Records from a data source
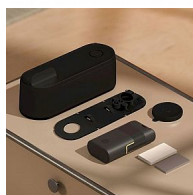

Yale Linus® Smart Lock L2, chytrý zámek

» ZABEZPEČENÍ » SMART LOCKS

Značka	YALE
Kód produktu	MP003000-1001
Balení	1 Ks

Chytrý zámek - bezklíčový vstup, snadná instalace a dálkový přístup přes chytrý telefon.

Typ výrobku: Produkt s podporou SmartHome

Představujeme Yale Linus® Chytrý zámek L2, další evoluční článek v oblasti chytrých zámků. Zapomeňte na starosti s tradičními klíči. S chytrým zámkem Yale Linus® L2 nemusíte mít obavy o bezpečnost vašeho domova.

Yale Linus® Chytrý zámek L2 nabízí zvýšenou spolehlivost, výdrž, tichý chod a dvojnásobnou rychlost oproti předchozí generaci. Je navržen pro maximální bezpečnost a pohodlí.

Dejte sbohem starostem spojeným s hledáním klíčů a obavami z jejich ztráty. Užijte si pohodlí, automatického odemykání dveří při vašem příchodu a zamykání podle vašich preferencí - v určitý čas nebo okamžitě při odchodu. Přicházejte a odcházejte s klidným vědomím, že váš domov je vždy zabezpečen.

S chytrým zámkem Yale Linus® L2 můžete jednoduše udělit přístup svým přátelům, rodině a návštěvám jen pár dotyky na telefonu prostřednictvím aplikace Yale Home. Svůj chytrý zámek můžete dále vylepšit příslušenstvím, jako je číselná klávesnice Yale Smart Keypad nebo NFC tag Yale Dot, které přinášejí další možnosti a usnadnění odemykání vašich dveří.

--

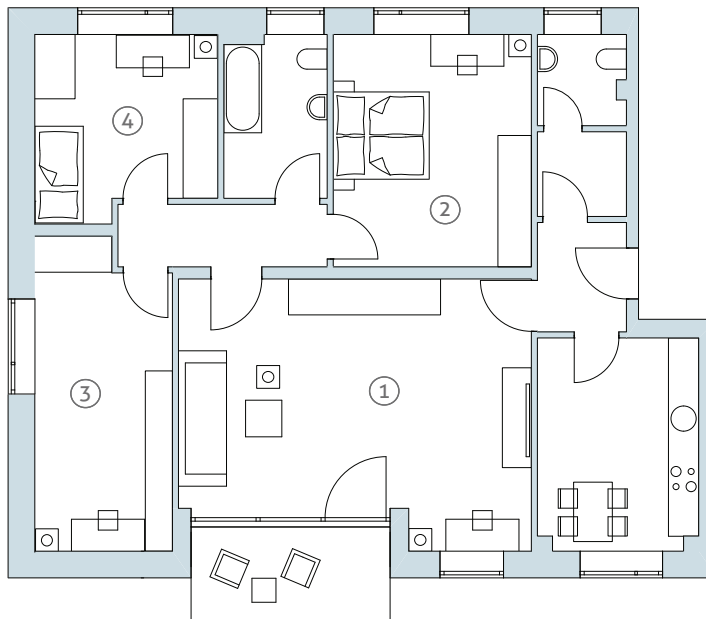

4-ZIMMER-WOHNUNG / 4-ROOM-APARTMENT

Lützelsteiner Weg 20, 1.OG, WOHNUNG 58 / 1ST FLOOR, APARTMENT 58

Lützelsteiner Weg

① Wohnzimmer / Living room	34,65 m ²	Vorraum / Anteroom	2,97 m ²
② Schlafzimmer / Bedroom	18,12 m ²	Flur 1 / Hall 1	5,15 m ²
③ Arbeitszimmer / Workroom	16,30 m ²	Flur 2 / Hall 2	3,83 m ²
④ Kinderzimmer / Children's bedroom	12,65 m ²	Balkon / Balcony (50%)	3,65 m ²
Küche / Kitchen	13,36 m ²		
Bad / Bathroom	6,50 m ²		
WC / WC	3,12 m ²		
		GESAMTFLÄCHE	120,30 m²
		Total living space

### Description of the task
From the records above, copy out the line with "④ Kinderzimmer /", the line with "Total living space", and every line between them, word for word.

### Answer box
④ Kinderzimmer / Children's bedroom	12,65 m ²	Balkon / Balcony (50%)	3,65 m ²
Küche / Kitchen	13,36 m ²		
Bad / Bathroom	6,50 m ²		
WC / WC	3,12 m ²		
		GESAMTFLÄCHE	120,30 m²
		Total living space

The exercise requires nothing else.